NEW YORK — Only days after the Supreme Court used her lawsuit to grant same-sex couples federal marriage benefits, Edith Windsor helped lead New York City's Gay Pride march on Sunday.
Signs along the route read, "Thank you, Edie" — celebrating Windsor for her successful challenge of a provision of the Defense of Marriage Act that defined marriage as between a man and a woman.
"If somebody had told me 50 years ago that I would be the marshal of New York City's gay pride parade in 2013, at the age of 84, I wouldn't have believed it."

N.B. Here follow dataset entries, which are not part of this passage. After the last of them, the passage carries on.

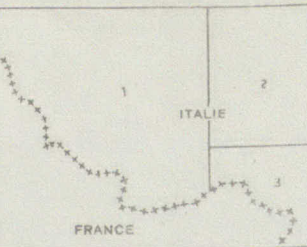

Amplification du 25.000^e Italien.

BOURG ST MAURICE N^OS 3-4

Vertical coordinate markings (82 to 90) along the right edge of the map.
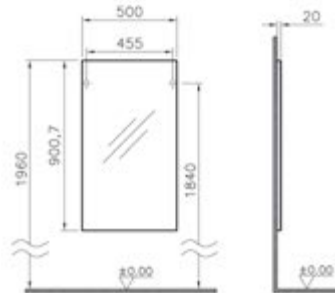

Kod: 53011

Ebat GxDxY (cm): 100x51x35

Uyumlu ürünler: 6165B003-0001 lavabo

Malzeme: Termoform

Renk: Parlak beyaz

Renk seçenekleri:

Parlak beyaz

Erik

Erik renk ve 120 cm lavabo dolabı seçenekleri için vitra.com.tr adresinden yararlanabilirsiniz.

Lavabo dahildir.

Kod:

Sol: 53014

Sağ: 54300

Ebat GxDxY (cm): 45x36x160

Malzeme: Termoform

Renk: Parlak beyaz

Renk seçenekleri:

Parlak beyaz

Erik

Sağ versiyon ve erik renk seçeneği için vitra.com.tr adresinden yararlanabilirsiniz.

Kod: 53013

Ebat GxDxY (cm): 50x2x90

Malzeme: MDF lam

Renk: Gri

Aydınlatma ve 45 cm raf seçenekleri için vitra.com.tr adresinden yararlanabilirsiniz.

Mayor Michael Bloomberg joined hundreds of bikers whose motorcycles roared to life at noon to kick off the celebration, a colorful cavalcade of activists and others who marched down Fifth Avenue 44 years after the city's first pride march.
A color guard, a cadre of gay police officers and longtime couples all took part in the procession on a route where a rainbow of balloons arched overhead. Half of one couple carried a sign reading "Just Married Today" while the other tossed flowers into the crowd.
Longtime LGBT activist Cathy Renna said Windsor's suit and the Supreme Court's favorable ruling in a challenge to Proposition 8, the California gay marriage ban, made this year's celebration special.
"It is an especially thrilling year to march this year," she said. "I have seen more real progress in the past three years than the nearly two decades of activism before it."
But, she added, "we must remain vigilant; hate crimes, discrimination and family rejection loom in our lives still."